**Provided information**.
• • • • •

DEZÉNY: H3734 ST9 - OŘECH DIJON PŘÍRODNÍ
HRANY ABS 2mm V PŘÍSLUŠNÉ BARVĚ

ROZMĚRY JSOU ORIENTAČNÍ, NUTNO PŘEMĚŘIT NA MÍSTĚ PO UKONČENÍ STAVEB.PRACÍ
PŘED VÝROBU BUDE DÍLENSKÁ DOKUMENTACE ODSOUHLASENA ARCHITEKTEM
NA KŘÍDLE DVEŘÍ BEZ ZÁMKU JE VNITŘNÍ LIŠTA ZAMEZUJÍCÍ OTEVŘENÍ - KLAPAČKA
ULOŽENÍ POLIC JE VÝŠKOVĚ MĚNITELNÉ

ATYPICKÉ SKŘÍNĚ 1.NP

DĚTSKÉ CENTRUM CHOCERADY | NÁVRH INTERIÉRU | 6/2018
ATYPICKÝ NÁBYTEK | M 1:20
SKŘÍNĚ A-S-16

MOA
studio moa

• • • • •

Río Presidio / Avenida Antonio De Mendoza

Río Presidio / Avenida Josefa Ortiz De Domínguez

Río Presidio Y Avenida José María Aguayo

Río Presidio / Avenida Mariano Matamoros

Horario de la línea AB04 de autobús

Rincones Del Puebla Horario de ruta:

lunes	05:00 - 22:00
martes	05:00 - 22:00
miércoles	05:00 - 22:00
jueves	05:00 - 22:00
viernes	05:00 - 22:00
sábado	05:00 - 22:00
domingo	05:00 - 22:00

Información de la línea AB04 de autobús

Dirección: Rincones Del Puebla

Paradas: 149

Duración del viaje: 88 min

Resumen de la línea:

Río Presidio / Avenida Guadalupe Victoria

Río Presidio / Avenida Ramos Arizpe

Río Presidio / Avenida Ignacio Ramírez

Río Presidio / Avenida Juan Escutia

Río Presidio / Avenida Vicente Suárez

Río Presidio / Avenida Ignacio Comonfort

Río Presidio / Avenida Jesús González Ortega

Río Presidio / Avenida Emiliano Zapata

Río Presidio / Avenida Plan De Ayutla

• • • • •

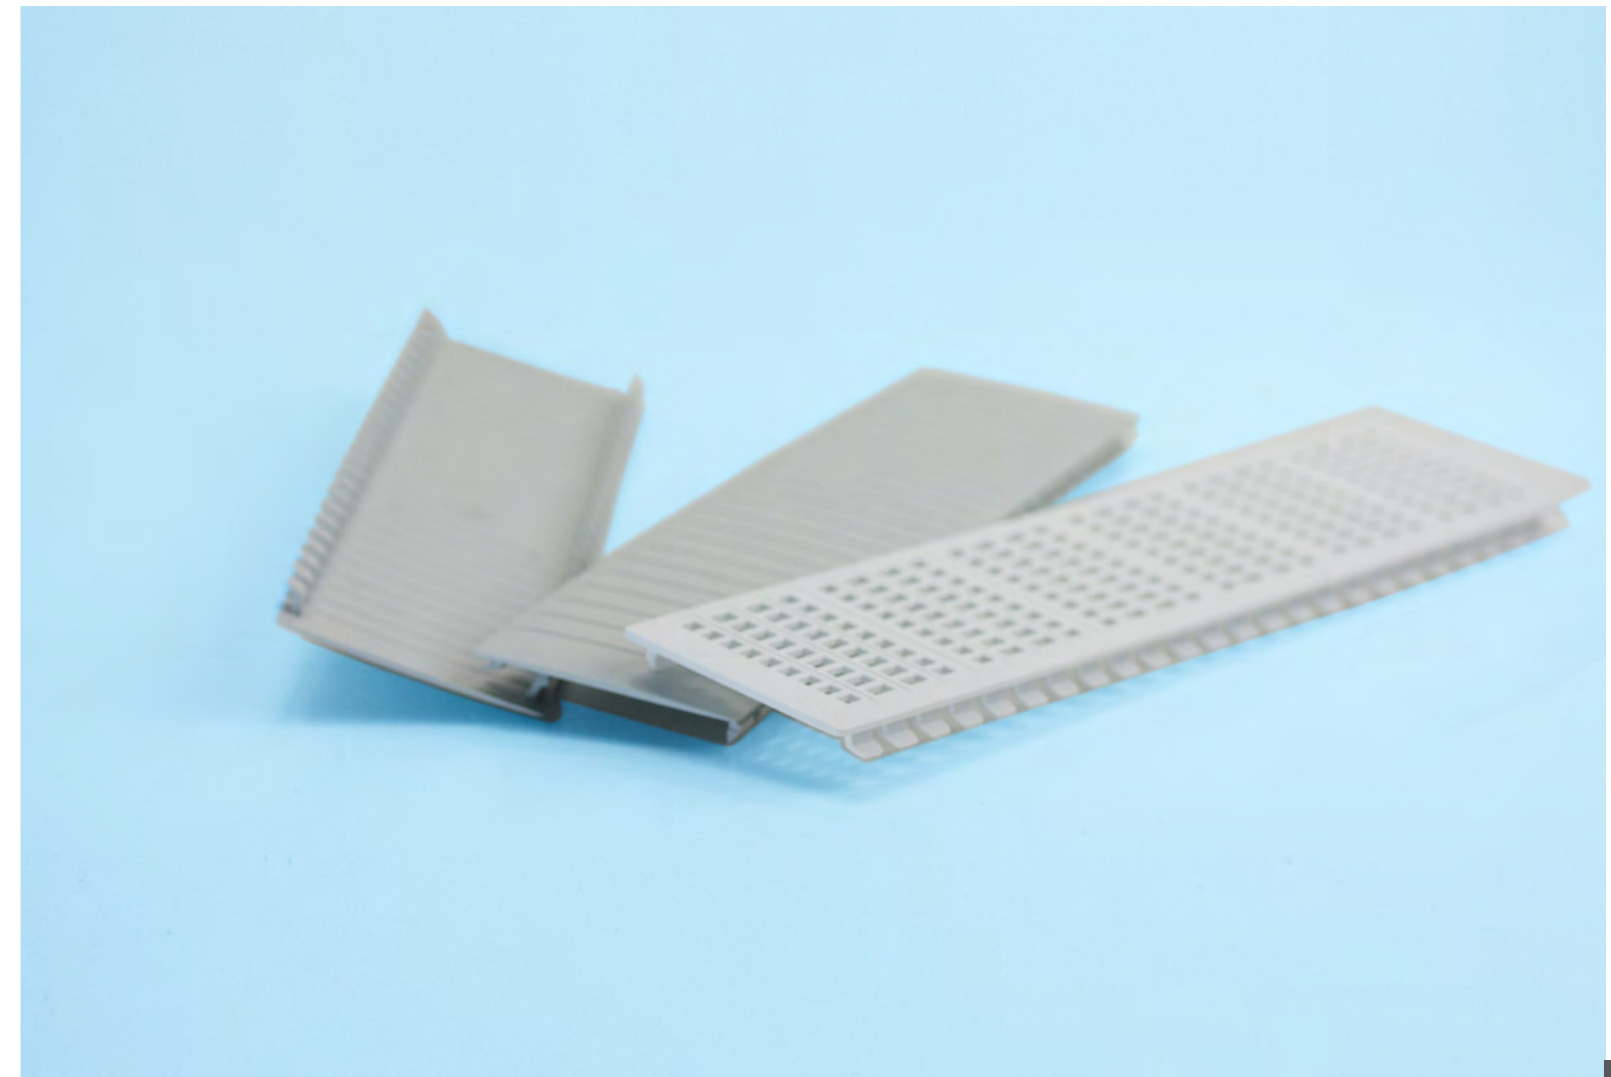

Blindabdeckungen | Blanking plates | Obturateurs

• • • • •

**The task**. Within the material above, copy exactly the lines from the line that holds "Río Presidio / Avenida Guadalupe Victoria" up to and including the line that holds "Río Presidio / Avenida Plan De Ayutla".

**Task solution**.
Río Presidio / Avenida Guadalupe Victoria

Río Presidio / Avenida Ramos Arizpe

Río Presidio / Avenida Ignacio Ramírez

Río Presidio / Avenida Juan Escutia

Río Presidio / Avenida Vicente Suárez

Río Presidio / Avenida Ignacio Comonfort

Río Presidio / Avenida Jesús González Ortega

Río Presidio / Avenida Emiliano Zapata

Río Presidio / Avenida Plan De Ayutla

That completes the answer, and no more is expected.